3 Ways To Design For Employee Success

3 Ways To Design For Employee Success

An organisation must look into designing experiences for the success of its employees and be committed to making it happen.

HR teams and organisations are rethinking and revising their outlook towards their policies, practices and modus operandi at large, with a focus on Employee Experience (EX), not only a much needed but also an imperative trend to be adopted and scaled.


EX, simply put, is a sum of experiences an employee has when they interact through any touchpoint with the organisation, be it other employees, the systems or processes. As HR professionals, the question that we should ask is: What will make EX successful? Every touchpoint should generate value for the employee, in terms of how it not only adds to their experience but also constantly answers for them some key questions, like why choose this organisation vis-a-vis another, how this experience is differentiated, and, most importantly, how it makes them effective in their roles. Thus, employee stickiness, engagement and accelerated productivity need to be seen as “leading” rather than “lagging” indicators of EX. Are we designing each part of EX with Employee Success as a centrepiece to it?


Here are a few key aspects to consider to ensure Employee Success guides Employee Experience:


1. Bring Culture and Values to Life Through Every Touchpoint


Experience is impactful only when what is said and portrayed is lived in spirit and showcased in actions. An organisation’s culture and values have to be brought to life through policies, practices, conversations and, most importantly, leader and manager behaviour.


Employees need to be crystal clear on how culture and values are imperative for their success within the organisation and in guiding their WHY to WHAT to HOW. Identifying with a company’s culture and values and having an authentic experience are important for generating the sense for an individual that “they are in their space”, which undoubtedly accelerates performance.

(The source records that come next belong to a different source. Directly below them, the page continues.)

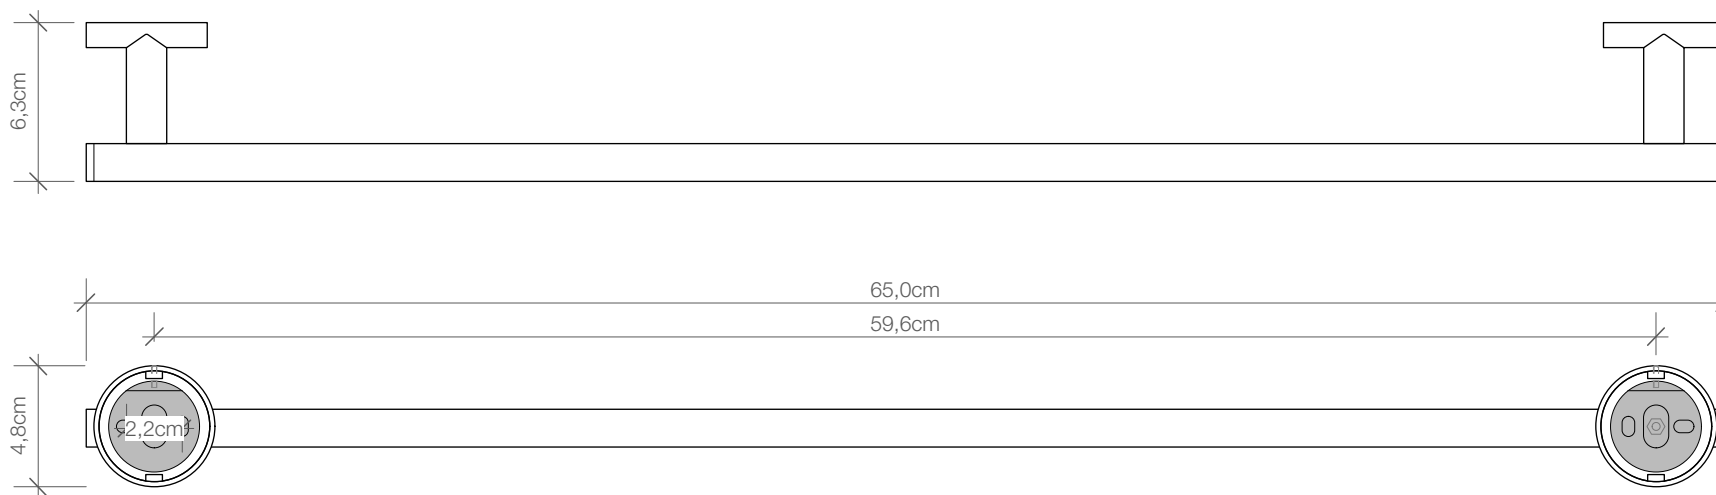

BA HTE65

Handtuchstange
Towel rail

M 1 : 3

Chrom
Chrome

4,8 . 65 . 6,3 cm

Alle Angaben ohne Gewähr.
Maß und Modelländerungen
vorbehalten.
*All information without engagement.
Measurement and changes
conditionally.*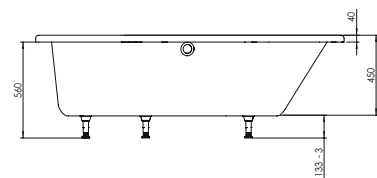

Baignoire FOLK (version gauche) dim. 180 x 90 cm

baignoire renforcée

**matériau composite
bi-matière**

- 1 CONFORT ABSOLU**
matériau résistant,
isolant & léger
- 2 POSE ET ENTRETIEN
FACILES**
- 3 RESPECT DE
L'ENVIRONNEMENT**

les + produit :

**idéale petits espaces
zone douche intégrée**

profondeur intérieure 43 cm

FABRICATION FRANÇAISE

AVEC SUPPORT MÉTAL

**FOLK gauche 180 x 90 cm
réf. 660061 001 71**

Ean : 3364549277666

EN OPTION :

Tablier frontal réf 671000 001 00

Tablier retour L 800 réf 670100 001 00

Tablier retour L 900 réf 672100 001 00

Every touchpoint of EX, thus, should give an evident experience of how the organisation is living its culture and values. In addition, there will be a need to drive consistency of experiences when we talk of these between different regions, locations, functions, or even teams.


2. Ensure That the “Rubber Meets the Road”


A great talent management framework, which has nicely done templates and an experienced team available to run associated programs, may have no value in creating experiences for an employee, even for a hi-potential, key talent. All of these efforts may go to waste if there is not a clear line of accountability to accompany the discussions and subsequent actions.


Similarly, a great 30-60-90 plan will do no good to accelerate the assimilation of a new hire if the stakeholders are not aligned to make the employee successful or if they do not own the plan together. In such a scenario, the stakeholders’ lack of coordination could negatively impact the new joinee’s experience. This would be an example of a 30-60-90 plan that looks good on paper but does not work well in reality.


Thus, an organisation may be at risk of putting its key talent through experiences with no impact, especially none that enhance an employee’s readiness for their role or career within the company. Organisations must be fully focused on their employees’ success, ensuring that they learn through concrete examples and experiences.


3. The Trick Still Lies in the Little Things


Information is empowerment, even more so in this virtual world where seamless availability or non-availability of accurate and real-time data has impacted us all in one way or another. So, an organisation can think of artificial intelligence and machine learning kinds of technology, but focusing on the brass tacks will ultimately define the level of job satisfaction for an employee.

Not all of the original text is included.